Your assignment: Please print every record below exactly as it appears, but leave out the pictures.

Data to use:
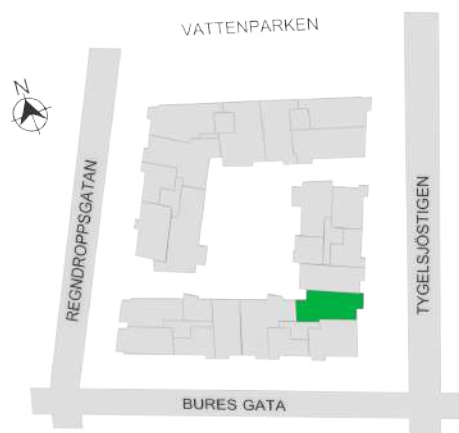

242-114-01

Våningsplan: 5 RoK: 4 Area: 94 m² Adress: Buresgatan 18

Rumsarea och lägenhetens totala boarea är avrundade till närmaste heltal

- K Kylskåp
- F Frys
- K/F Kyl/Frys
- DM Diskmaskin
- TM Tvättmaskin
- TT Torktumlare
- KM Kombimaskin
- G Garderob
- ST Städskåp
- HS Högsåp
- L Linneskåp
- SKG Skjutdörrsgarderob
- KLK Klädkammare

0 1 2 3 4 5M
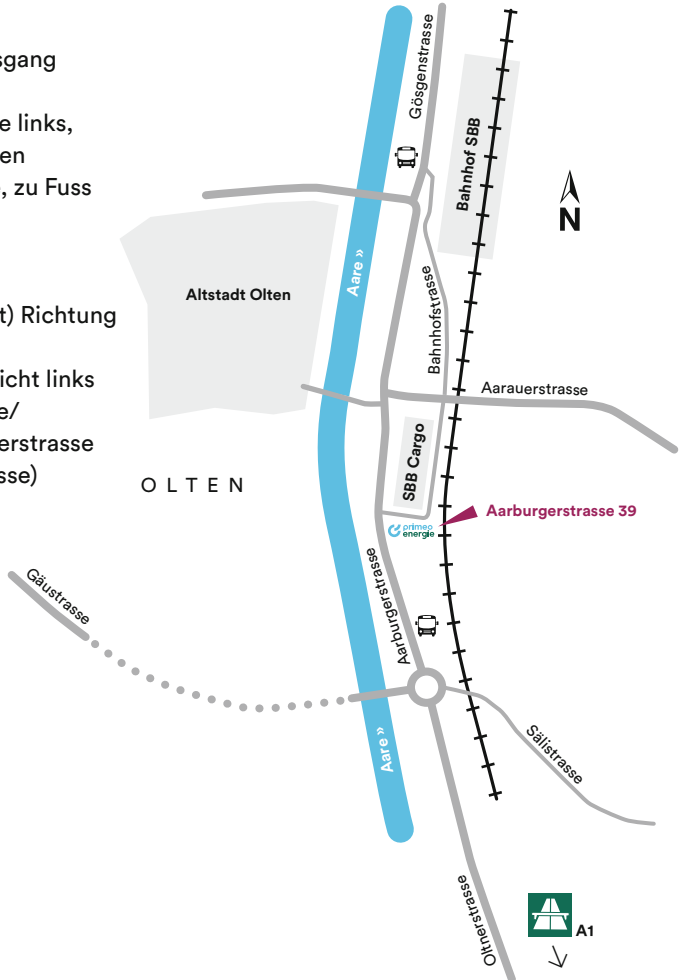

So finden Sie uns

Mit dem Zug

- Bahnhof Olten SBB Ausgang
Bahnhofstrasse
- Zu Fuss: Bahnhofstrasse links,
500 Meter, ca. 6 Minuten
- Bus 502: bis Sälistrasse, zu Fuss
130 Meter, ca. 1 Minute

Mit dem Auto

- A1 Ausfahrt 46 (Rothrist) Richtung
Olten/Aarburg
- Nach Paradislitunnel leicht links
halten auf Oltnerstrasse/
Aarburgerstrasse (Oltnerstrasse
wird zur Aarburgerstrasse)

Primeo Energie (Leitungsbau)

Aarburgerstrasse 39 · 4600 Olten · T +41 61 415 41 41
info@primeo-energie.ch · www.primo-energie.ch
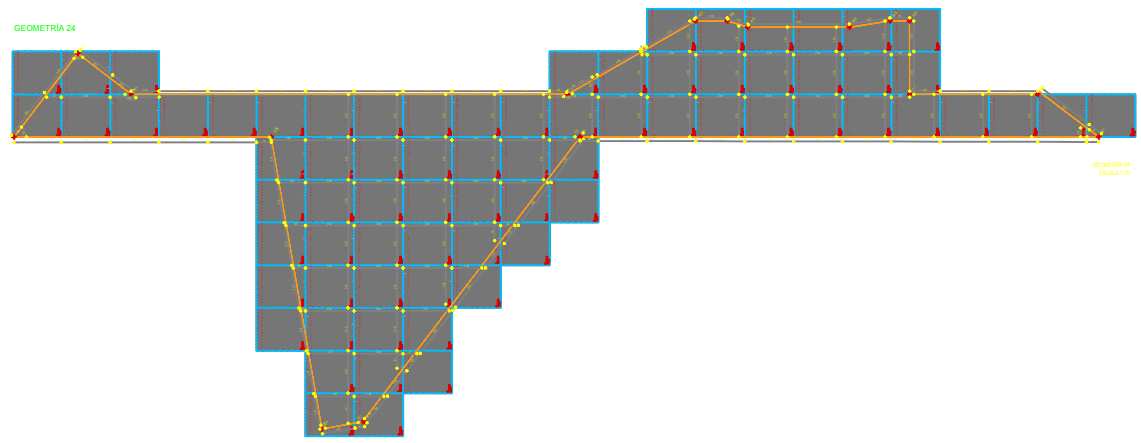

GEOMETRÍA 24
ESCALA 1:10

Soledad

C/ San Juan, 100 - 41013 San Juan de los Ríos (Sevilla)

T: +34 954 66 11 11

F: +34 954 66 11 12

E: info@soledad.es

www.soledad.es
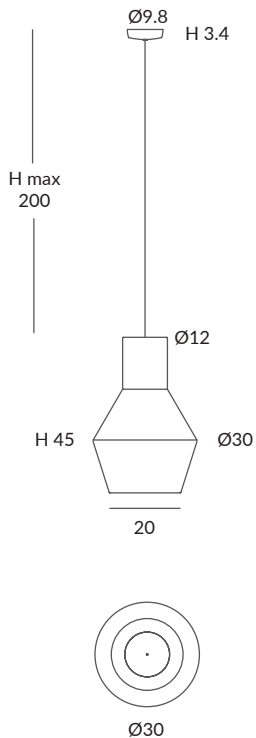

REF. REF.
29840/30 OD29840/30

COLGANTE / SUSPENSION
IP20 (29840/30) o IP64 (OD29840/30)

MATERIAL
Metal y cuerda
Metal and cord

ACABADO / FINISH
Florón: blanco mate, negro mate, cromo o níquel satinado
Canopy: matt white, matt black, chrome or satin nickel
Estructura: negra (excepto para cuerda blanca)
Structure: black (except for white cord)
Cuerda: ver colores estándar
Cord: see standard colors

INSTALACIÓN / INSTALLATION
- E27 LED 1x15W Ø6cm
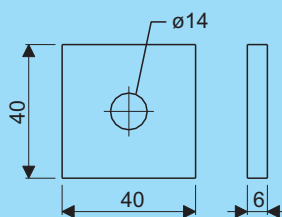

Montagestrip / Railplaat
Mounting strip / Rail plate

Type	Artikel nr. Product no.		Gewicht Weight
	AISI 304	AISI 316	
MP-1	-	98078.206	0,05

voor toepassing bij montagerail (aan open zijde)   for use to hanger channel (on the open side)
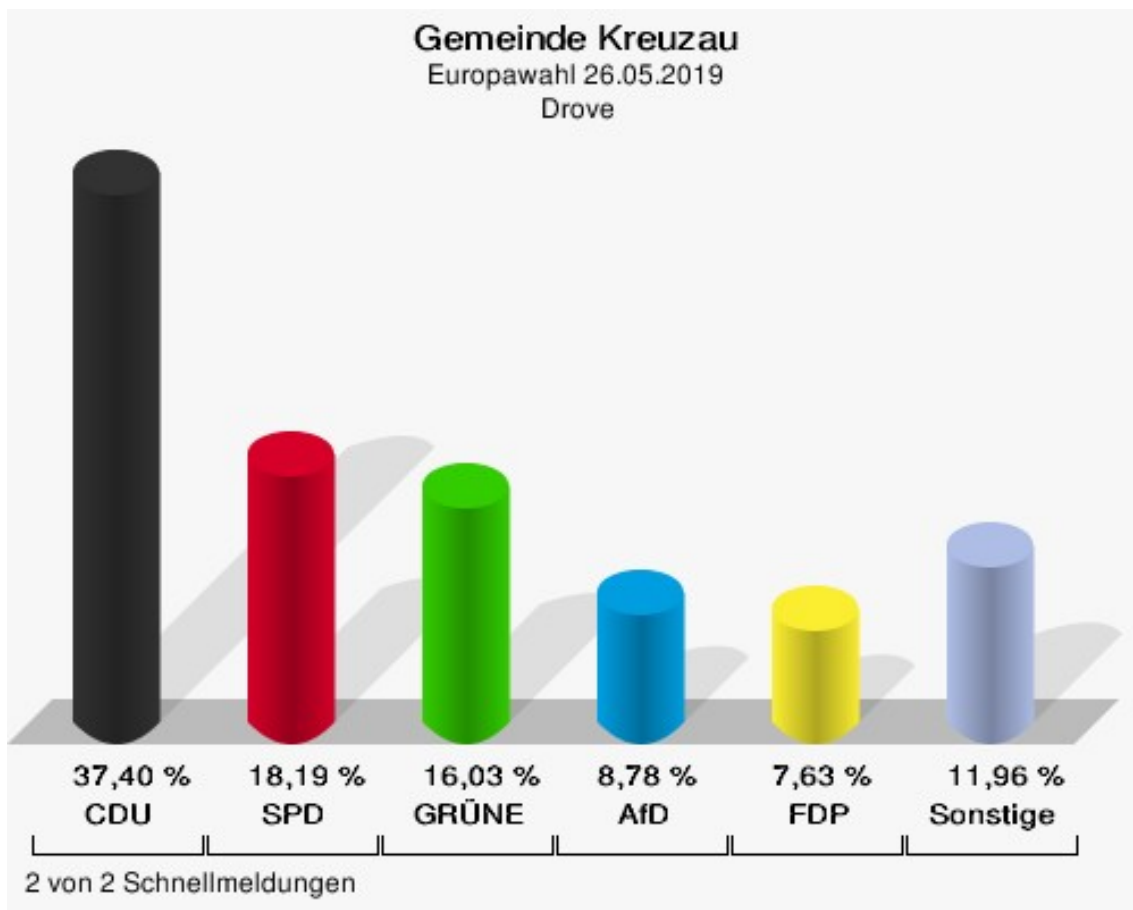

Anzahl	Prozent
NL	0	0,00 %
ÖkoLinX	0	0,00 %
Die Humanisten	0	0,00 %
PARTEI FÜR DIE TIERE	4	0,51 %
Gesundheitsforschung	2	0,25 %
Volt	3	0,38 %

Written reply:
242-114-01

Våningsplan: 5 RoK: 4 Area: 94 m² Adress: Buresgatan 18

Rumsarea och lägenhetens totala boarea är avrundade till närmaste heltal

- K Kylskåp
- F Frys
- K/F Kyl/Frys
- DM Diskmaskin
- TM Tvättmaskin
- TT Torktumlare
- KM Kombimaskin
- G Garderob
- ST Städskåp
- HS Högsåp
- L Linneskåp
- SKG Skjutdörrsgarderob
- KLK Klädkammare

0 1 2 3 4 5M

So finden Sie uns

Mit dem Zug

- Bahnhof Olten SBB Ausgang
Bahnhofstrasse
- Zu Fuss: Bahnhofstrasse links,
500 Meter, ca. 6 Minuten
- Bus 502: bis Sälistrasse, zu Fuss
130 Meter, ca. 1 Minute

Mit dem Auto

- A1 Ausfahrt 46 (Rothrist) Richtung
Olten/Aarburg
- Nach Paradislitunnel leicht links
halten auf Oltnerstrasse/
Aarburgerstrasse (Oltnerstrasse
wird zur Aarburgerstrasse)

Primeo Energie (Leitungsbau)

Aarburgerstrasse 39 · 4600 Olten · T +41 61 415 41 41
info@primeo-energie.ch · www.primo-energie.ch

GEOMETRÍA 24
ESCALA 1:10

Soledad

C/ San Juan, 100 - 41013 San Juan de los Ríos (Sevilla)

T: +34 954 66 11 11

F: +34 954 66 11 12

E: info@soledad.es

www.soledad.es

REF. REF.
29840/30 OD29840/30

COLGANTE / SUSPENSION
IP20 (29840/30) o IP64 (OD29840/30)

MATERIAL
Metal y cuerda
Metal and cord

ACABADO / FINISH
Florón: blanco mate, negro mate, cromo o níquel satinado
Canopy: matt white, matt black, chrome or satin nickel
Estructura: negra (excepto para cuerda blanca)
Structure: black (except for white cord)
Cuerda: ver colores estándar
Cord: see standard colors

INSTALACIÓN / INSTALLATION
- E27 LED 1x15W Ø6cm

Montagestrip / Railplaat
Mounting strip / Rail plate

Type	Artikel nr. Product no.		Gewicht Weight
	AISI 304	AISI 316	
MP-1	-	98078.206	0,05

voor toepassing bij montagerail (aan open zijde)   for use to hanger channel (on the open side)

Anzahl	Prozent
NL	0	0,00 %
ÖkoLinX	0	0,00 %
Die Humanisten	0	0,00 %
PARTEI FÜR DIE TIERE	4	0,51 %
Gesundheitsforschung	2	0,25 %
Volt	3	0,38 %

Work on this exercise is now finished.